_Exercise requirements:_
Using the listing below, set down exactly the lines starting at the line that contains "- TELESKOPIK RAYLI ÇÖP KOVALARI MONTAJ ŞEMASI (SAĞ)" and ending at the line that contains "DAMAGE MAY OCCUR!**", both included, and no others.

Top of Data for processing

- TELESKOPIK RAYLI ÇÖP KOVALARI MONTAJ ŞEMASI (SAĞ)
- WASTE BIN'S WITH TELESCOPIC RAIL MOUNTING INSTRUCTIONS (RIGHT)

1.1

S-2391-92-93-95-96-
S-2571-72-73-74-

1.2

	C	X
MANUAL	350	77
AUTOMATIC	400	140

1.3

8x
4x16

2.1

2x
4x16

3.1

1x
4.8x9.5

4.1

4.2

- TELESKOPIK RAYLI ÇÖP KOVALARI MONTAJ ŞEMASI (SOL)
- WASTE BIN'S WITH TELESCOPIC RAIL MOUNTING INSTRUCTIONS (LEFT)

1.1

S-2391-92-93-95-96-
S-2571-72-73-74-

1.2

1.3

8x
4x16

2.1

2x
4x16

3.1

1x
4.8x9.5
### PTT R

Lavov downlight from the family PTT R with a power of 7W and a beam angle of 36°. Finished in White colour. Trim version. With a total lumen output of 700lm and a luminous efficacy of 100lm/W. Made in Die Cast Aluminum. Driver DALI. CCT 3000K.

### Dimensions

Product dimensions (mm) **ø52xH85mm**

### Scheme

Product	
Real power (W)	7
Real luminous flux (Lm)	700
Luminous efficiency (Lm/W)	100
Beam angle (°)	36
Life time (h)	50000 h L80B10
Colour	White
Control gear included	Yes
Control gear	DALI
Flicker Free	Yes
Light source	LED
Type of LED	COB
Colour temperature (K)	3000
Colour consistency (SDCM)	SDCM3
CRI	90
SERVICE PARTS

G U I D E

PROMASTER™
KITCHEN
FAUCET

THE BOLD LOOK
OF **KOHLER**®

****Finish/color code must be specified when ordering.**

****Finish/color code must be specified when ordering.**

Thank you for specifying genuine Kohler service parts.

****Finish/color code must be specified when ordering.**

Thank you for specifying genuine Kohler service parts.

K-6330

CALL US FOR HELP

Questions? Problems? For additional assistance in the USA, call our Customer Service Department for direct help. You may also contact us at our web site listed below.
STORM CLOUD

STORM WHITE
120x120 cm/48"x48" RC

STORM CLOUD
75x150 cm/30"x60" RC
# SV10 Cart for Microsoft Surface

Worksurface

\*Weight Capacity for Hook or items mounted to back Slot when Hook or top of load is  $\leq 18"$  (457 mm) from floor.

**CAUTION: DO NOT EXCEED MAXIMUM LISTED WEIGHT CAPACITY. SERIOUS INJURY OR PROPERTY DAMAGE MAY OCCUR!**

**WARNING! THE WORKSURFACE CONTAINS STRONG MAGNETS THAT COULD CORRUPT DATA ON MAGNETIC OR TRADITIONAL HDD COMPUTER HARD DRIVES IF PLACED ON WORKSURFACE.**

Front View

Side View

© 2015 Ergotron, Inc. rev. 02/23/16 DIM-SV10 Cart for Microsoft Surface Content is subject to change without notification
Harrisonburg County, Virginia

Bottom of Data for processing
Top of Data for processing

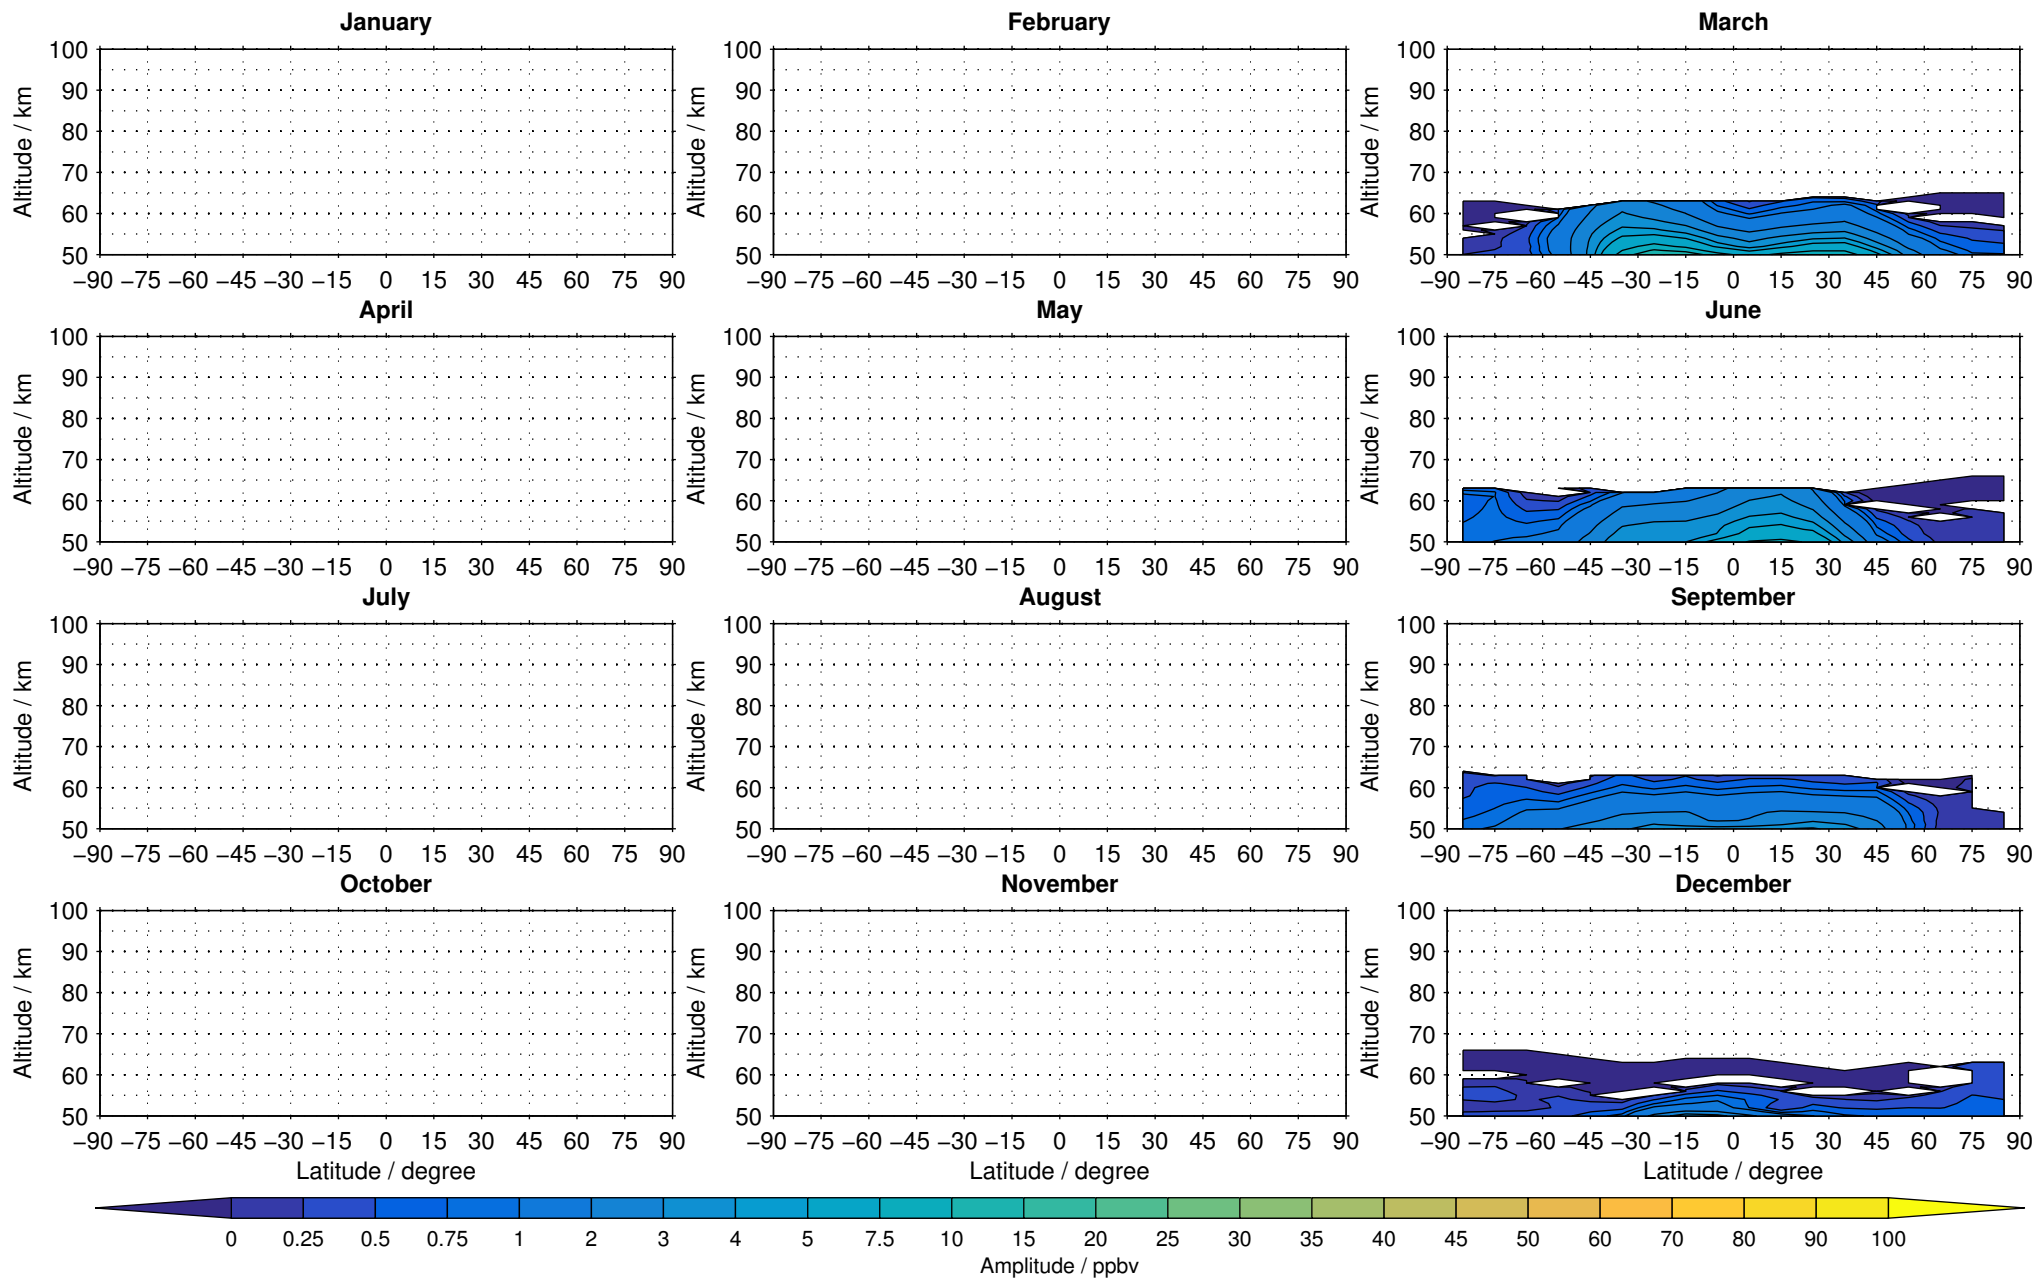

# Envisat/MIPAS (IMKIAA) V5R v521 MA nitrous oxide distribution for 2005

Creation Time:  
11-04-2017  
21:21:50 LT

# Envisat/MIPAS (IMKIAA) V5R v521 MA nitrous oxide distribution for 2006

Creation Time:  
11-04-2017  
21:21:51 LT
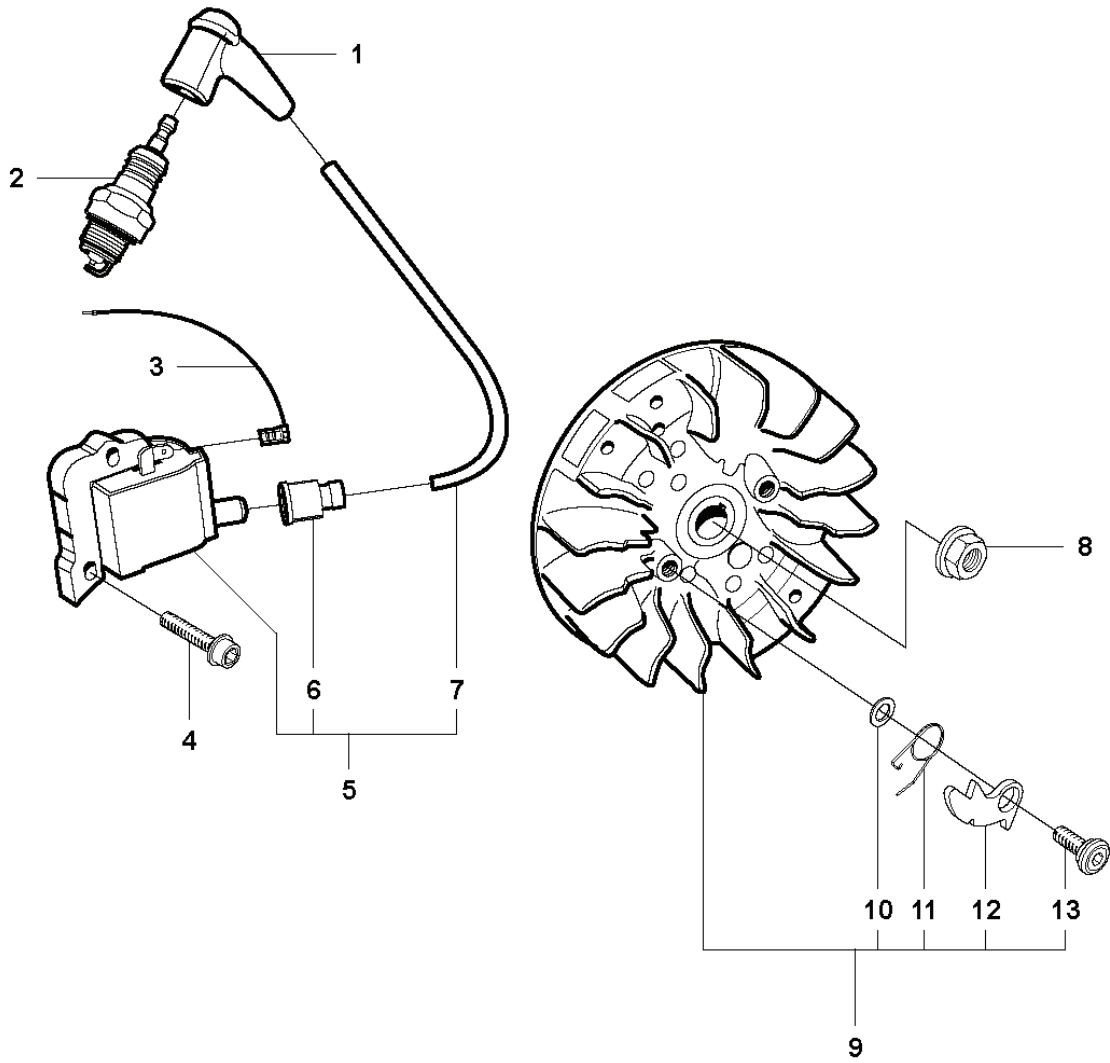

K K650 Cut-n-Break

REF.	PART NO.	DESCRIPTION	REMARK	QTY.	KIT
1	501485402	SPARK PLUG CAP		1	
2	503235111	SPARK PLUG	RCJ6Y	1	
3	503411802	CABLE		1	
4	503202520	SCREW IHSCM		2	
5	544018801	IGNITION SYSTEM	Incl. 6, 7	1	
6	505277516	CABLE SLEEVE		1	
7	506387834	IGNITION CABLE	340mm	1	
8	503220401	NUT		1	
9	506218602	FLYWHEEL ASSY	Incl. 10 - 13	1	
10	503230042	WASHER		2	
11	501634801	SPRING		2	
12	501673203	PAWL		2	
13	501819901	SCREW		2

Bottom of Data for processing
Top of Data for processing

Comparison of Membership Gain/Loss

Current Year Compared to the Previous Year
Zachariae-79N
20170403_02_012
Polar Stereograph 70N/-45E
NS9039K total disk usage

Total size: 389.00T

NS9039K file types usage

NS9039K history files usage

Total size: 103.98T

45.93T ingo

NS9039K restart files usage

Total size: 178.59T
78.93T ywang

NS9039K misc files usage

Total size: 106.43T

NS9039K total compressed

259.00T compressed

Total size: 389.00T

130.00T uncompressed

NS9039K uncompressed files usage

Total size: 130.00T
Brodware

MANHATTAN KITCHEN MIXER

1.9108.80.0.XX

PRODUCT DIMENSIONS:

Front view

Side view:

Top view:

Bottom of Data for processing

_The completed task:_
- TELESKOPIK RAYLI ÇÖP KOVALARI MONTAJ ŞEMASI (SAĞ)
- WASTE BIN'S WITH TELESCOPIC RAIL MOUNTING INSTRUCTIONS (RIGHT)

1.1

S-2391-92-93-95-96-
S-2571-72-73-74-

1.2

	C	X
MANUAL	350	77
AUTOMATIC	400	140

1.3

8x
4x16

2.1

2x
4x16

3.1

1x
4.8x9.5

4.1

4.2

- TELESKOPIK RAYLI ÇÖP KOVALARI MONTAJ ŞEMASI (SOL)
- WASTE BIN'S WITH TELESCOPIC RAIL MOUNTING INSTRUCTIONS (LEFT)

1.1

S-2391-92-93-95-96-
S-2571-72-73-74-

1.2

1.3

8x
4x16

2.1

2x
4x16

3.1

1x
4.8x9.5
### PTT R

Lavov downlight from the family PTT R with a power of 7W and a beam angle of 36°. Finished in White colour. Trim version. With a total lumen output of 700lm and a luminous efficacy of 100lm/W. Made in Die Cast Aluminum. Driver DALI. CCT 3000K.

### Dimensions

Product dimensions (mm) **ø52xH85mm**

### Scheme

Product	
Real power (W)	7
Real luminous flux (Lm)	700
Luminous efficiency (Lm/W)	100
Beam angle (°)	36
Life time (h)	50000 h L80B10
Colour	White
Control gear included	Yes
Control gear	DALI
Flicker Free	Yes
Light source	LED
Type of LED	COB
Colour temperature (K)	3000
Colour consistency (SDCM)	SDCM3
CRI	90
SERVICE PARTS

G U I D E

PROMASTER™
KITCHEN
FAUCET

THE BOLD LOOK
OF **KOHLER**®

****Finish/color code must be specified when ordering.**

****Finish/color code must be specified when ordering.**

Thank you for specifying genuine Kohler service parts.

****Finish/color code must be specified when ordering.**

Thank you for specifying genuine Kohler service parts.

K-6330

CALL US FOR HELP

Questions? Problems? For additional assistance in the USA, call our Customer Service Department for direct help. You may also contact us at our web site listed below.
STORM CLOUD

STORM WHITE
120x120 cm/48"x48" RC

STORM CLOUD
75x150 cm/30"x60" RC
# SV10 Cart for Microsoft Surface

Worksurface

\*Weight Capacity for Hook or items mounted to back Slot when Hook or top of load is  $\leq 18"$  (457 mm) from floor.

**CAUTION: DO NOT EXCEED MAXIMUM LISTED WEIGHT CAPACITY. SERIOUS INJURY OR PROPERTY DAMAGE MAY OCCUR!**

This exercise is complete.